After these experiments, we’ve currently fallen back to interval based polling to refetch queries. So instead of refetching when there is an appropriate event, we refetch the query based on a time interval. There were two major reasons for doing this:
- Mapping database events to a live query for a particular client is possible to some extent when the declarative permissions and the conditions used in the live queries are trivial (like
order_id
= 1 anduser_id
= cookie.session_id
) but becomes intractable for anything complicated (say the query uses'status' ILIKE 'failed_%'
). The declarative permissions can also sometimes span across tables. We made significant investment in investigating this approach coupled with basic incremental updating and have a few small projects in production that takes an approach similar to this talk. - For any application unless the write throughput is very small, you’ll end up throttling/debouncing events over an interval anyway.

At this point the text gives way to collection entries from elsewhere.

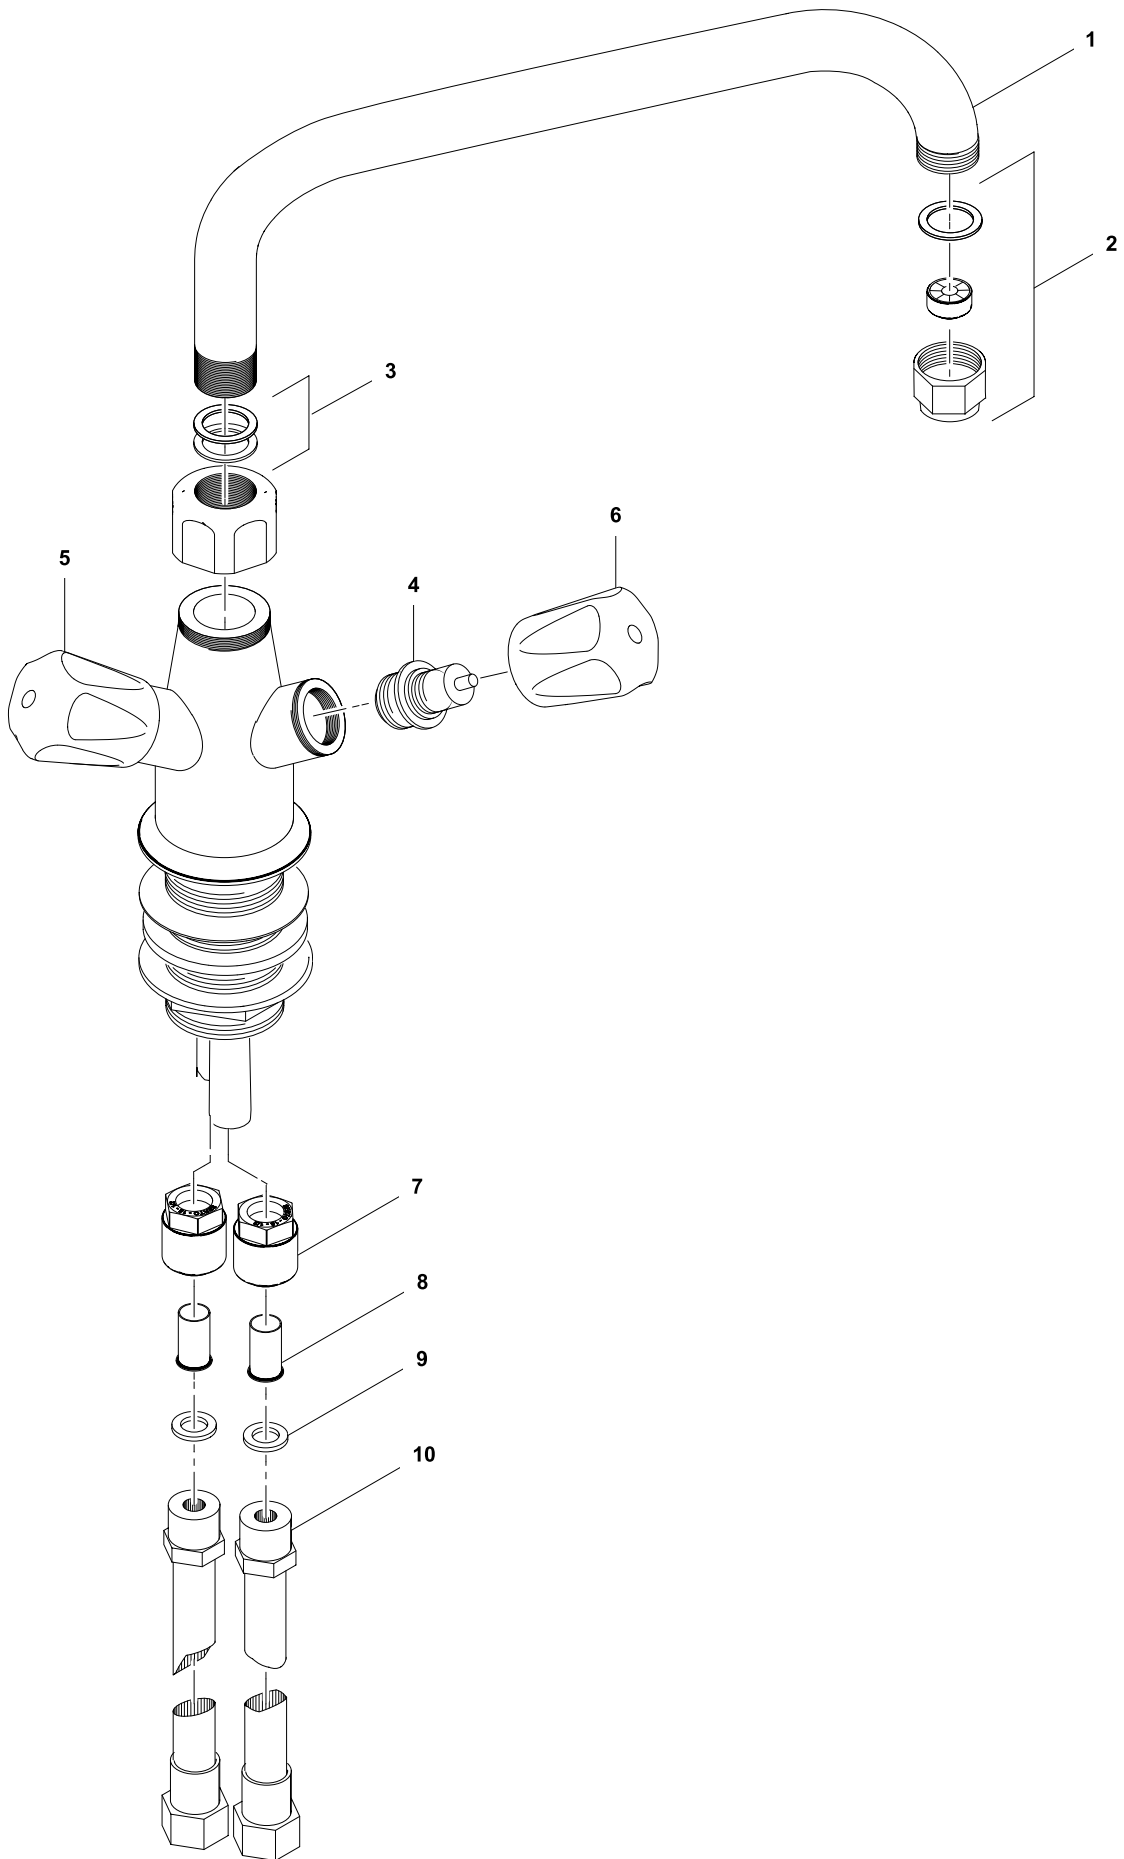

2	Alias	Code	Bezeichnung	Description	Ref.	Valid from Serial N°
	1 105 1257	OG2974	Kit Mischbatterie Klarco (Pos. 1-6)	Kit Mixer tap Klarco (pos. 1-6)	all types	
	87.7040	OG8277	Mischbatterie T&S USA	Mixer tap T&S USA	for USA	
1	62.6223.07	OS0959	Schwenkauslauf 3/4", 300x450mm	Swivel spout 3/4", 300x450mm	all types	
2	62.6223.01	OS1471	Auslauf ohne Dripstop	Spout without drip stop	all types	
	1 105 1265	OG5273	Tropfschutz (nicht in Kit enthalten)	Drip stop (not included in kit)	all types	
3	62.6223.02	OL0736	Dichtungsringe	Sealing rings	all types	
4	62.6223.03	OL0450	Ventileinsatz	Valve insert	all types	
5	62.6223.04	OL1041	Griff Heißwasser	Knob hot water	all types	
6	62.6223.05	OL1040	Griff Kaltwasser	Knob cold water	all types	
7	1 101 2075	OKX119	Anschluss G1/2"	Connection G1/2"	all types	
8	1 101 3797	OKE129	Stützhülse Ø15	Sleeve Ø15	all types	
9	712 044481.21	OG3610	Dichtung Ø18/11	Sealing Ø18/11	all types	
10	712 344893.02	OK5363	Panzerschlauch L1100 G1/2" / R1/2"	Armored hose L1100 G1/2" / R1/2"	all types	
	82.6628	OG7139	Mischbatterie mit Hebel Klarco	Mixer tap with lever Klarco		
	1 201 1813	OG3817	Kleber LOCTIE 577	Glue LOCTITE 577	all types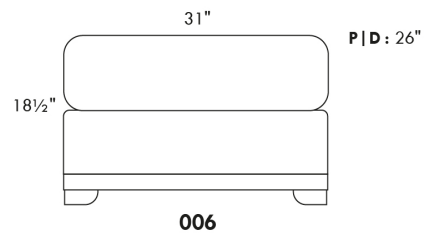

Hauteur de siège 20" | Hauteur devant bras 28" | Profondeur d'assise 20"
Seat Height 20" | Arm Height 28" | Seat Depth 20"

ODESSA

LEG: LG64 metal or LG35 wood (specify colour). / COMBO: Cover #2 on back only.
1x Removable head-rest included with motion skus 044, 041, 042 and 071.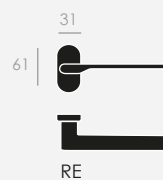

# PURENESS AND ELEGANCE, A PERFECT DUO

PUREZA CON ELEGANCIA,  
UN DÚO PERFECTO

Latón estampado  
acabado en cromo satinado

*Forged brass  
satin chrome finish*

CR

CS

GT

ROSETA  
ROSE

ROSETA  
ESTRECHA  
NARROW  
ROSE

BOCALLAVE  
ESCUTCHEON

CONDENA  
WC SET

GRISÁN  
WINDOW  
HANDLE

PLACA OVAL  
OVAL  
BACKPLATE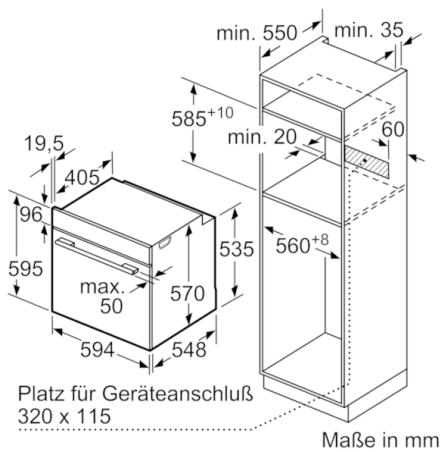

Serie | 4 Einbauherde/Backöfen

HBA533BW1 Polar Weiß Backofen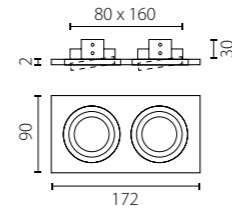

i5290709
СЕРЫЙ, ЧЕРНЫЙ

i5290909
СЕРЫЙ

2 x Gu10 max 50W

СОСТАВ КОМПЛЕКТА:

артикул комплекта	составляющие
i5260606	217526 + 217606
i5260607	217526 + 217606 + 217607
i5260609	217526 + 217606 + 217609
i5260707	217526 + 217607
i5260909	217526 + 217609
i5270606	217527 + 217606
i5270607	217527 + 217606 + 217607
i5270707	217527 + 217607
i5270709	217527 + 217607 + 217609
i5270909	217527 + 217609
i5290606	217529 + 217606
i5290609	217529 + 217606 + 217609
i5290707	217529 + 217607
i5290709	217529 + 217607 + 217609
i5290909	217529 + 217609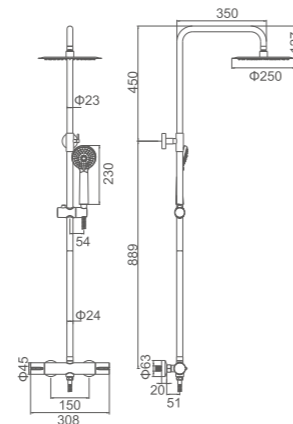

- **Ducha columna redonda**
  Volante izquierdo para encender/apagar y para distribuir, volante derecho para ajustar la temperatura
  Rociador redondo 200mm
  Flexo de ducha cromado 1,7m, mango de 3 posiciones
  Cartucho 35
- **Shower column**
  Dia.200mm shower head
  Chromed shower hose 170cm
  3-function hand shower
  35mm cartridge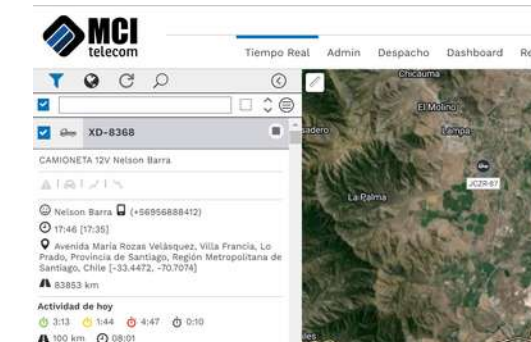

Plataforma - Marca Blanca.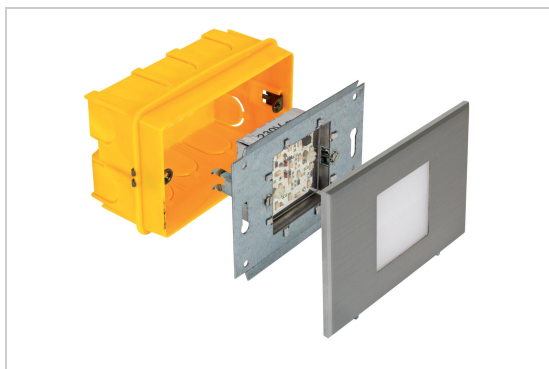

MIA

1631/..

inbouw wandlicht

Lichtdistributie

Project _____

Type _____

Nota _____

Aantal _____

Datum _____

LED

Lamptype	Led
Aantal	1
Vermogen	2,8W
Spanning	230V
Kelvin	2800K 4000K 6500K
Lumen	266
CRI	80

Fysisch

Type gebruik	Interieur
Type bevestiging	Wand
Inbouwdiepte	50 mm
Afmetingen armatuur	115x80 mm
IP-beschermingsgraad	IP20
Gewicht	0,1960 kg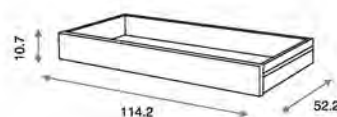

Cajón de Cuna ref.01831:

Opcional
Material: Madera de pino/MDF lacado

The tradeoff with this approach is latency when write-loads are small. Refetching can be done immediately, instead after X ms. This can be alleviated quite easily, by tuning the refetch interval and the batch size appropriately. So far we have focussed on removing the most expensive bottleneck first, the query refetching. That said, we will continue to look at improvements in the months to come, especially to use event dependency (in cases where it is applicable) to potentially reduce the number of live queries that are refetched every interval.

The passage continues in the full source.